But the Prince Prospero was happy and dauntless and sagacious. When his dominions were half depopulated, he summoned to his presence a thousand hale and light-hearted friends from among the knights and dames of his court, and with these retired to the deep seclusion of one of his castellated abbeys. This was an extensive and magnificent structure, the creation of the prince’s own eccentric yet august taste. A strong and lofty wall girdled it in. This wall had gates of iron. The courtiers, having entered, brought furnaces and massy hammers and welded the bolts. They resolved to leave means neither of ingress or egress to the sudden impulses of despair or of frenzy from within. The abbey was amply provisioned. With such precautions the courtiers might bid defiance to contagion. The external world could take care of itself. In the meantime it was folly to grieve, or to think. The prince had provided all the appliances of pleasure. There were buffoons, there were improvisatori, there were ballet-dancers, there were musicians, there was Beauty, there was wine. All these and security were within. Without was the “Red Death.”

It was toward the close of the fifth or sixth month of his seclusion, and while the pestilence raged most furiously abroad, that the Prince Prospero entertained his thousand friends at a masked ball of the most unusual magnificence.

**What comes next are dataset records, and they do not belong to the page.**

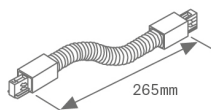

TKAJFDNG

TRACK ACC. FLEX CORNER GR.

Description:

Accessory for track model TRACK ACC. FLEX CORNER GR., LAMP brand. Grey flexible corner joint type.

Finish: Grey matt RAL 7040

Weight: 128 g

ACCESORIES :

Assembly

Product code:

TKACTC

Description:

TRACK ACC. CUT TOOL COPPER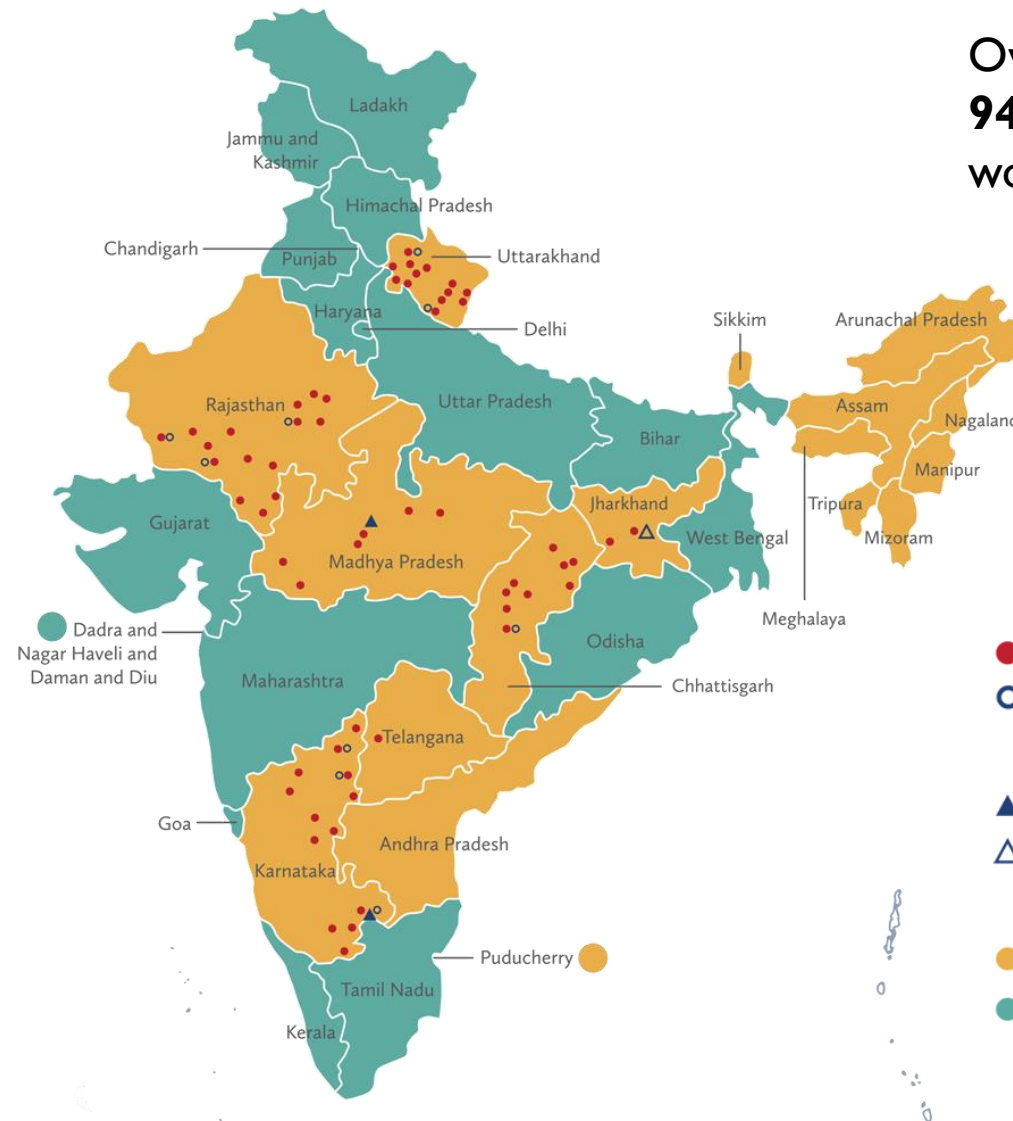

Our **direct work in Education** is spread across 7 states, 1 Union Territory, and covers 59 districts, where we have our

- **Field district institutes** and **Teacher Learning Centres(TLCs)**.
- **Azim Premji Schools (9)** as a model of good and equitable education within contexts that are similar to the government schools we work with.
- **Azim Premji University:** Bengaluru and Bhopal campuses

It was a voluptuous scene, that masquerade. But first let me tell of the rooms in which it was held. There were seven – an imperial suite. In many palaces, however, such suites form a long and straight vista, while the folding doors slide back nearly to the walls on either hand, so that the view of the whole extent is scarcely impeded. Here the case was very different; as might have been expected from the duke’s love of the bizarre. The apartments were so irregularly disposed that the vision embraced but little more than one at a time. There was a sharp turn at every twenty or thirty yards, and at each turn a novel effect. To the right and left, in the middle of each wall, a tall and narrow Gothic window looked out upon a closed corridor which pursued the windings of the suite. These windows were of stained glass whose color varied in accordance with the prevailing hue of the decorations of the chamber into which it opened. That at the eastern extremity was hung, for example, in blue – and vividly blue were its windows. The second chamber was purple in its ornaments and tapestries, and here the panes were purple. The third was green throughout, and so were the casements. The fourth was furnished and lighted with orange – the fifth with white – the sixth with violet. The seventh apartment was closely shrouded in black velvet tapestries that hung all over the ceiling and down the walls, falling in heavy folds upon a carpet of the same material and hue. But in this chamber only, the color of the windows failed to correspond with the decorations. The panes here were scarlet – a deep blood color. Now in no one of the seven apartments was there any lamp or candelabrum, amid the profusion of golden ornaments that lay scattered to and fro or depended from the roof. There was no light of any kind emanating from lamp or candle within the suite of chambers. But in the corridors that followed the suite, there stood, opposite to each window, a heavy tripod, bearing a brazier of fire, that projected its rays through the tinted glass and so glaringly illumined the room. And thus were produced a multitude of gaudy and fantastic appearances. But in the western or black chamber the effect of the fire-light that streamed upon the dark hangings through the blood-tinted panes, was ghastly in the extreme, and produced so wild a look upon the countenances of those who entered, that there were few of the company bold enough to set foot within its precincts at all.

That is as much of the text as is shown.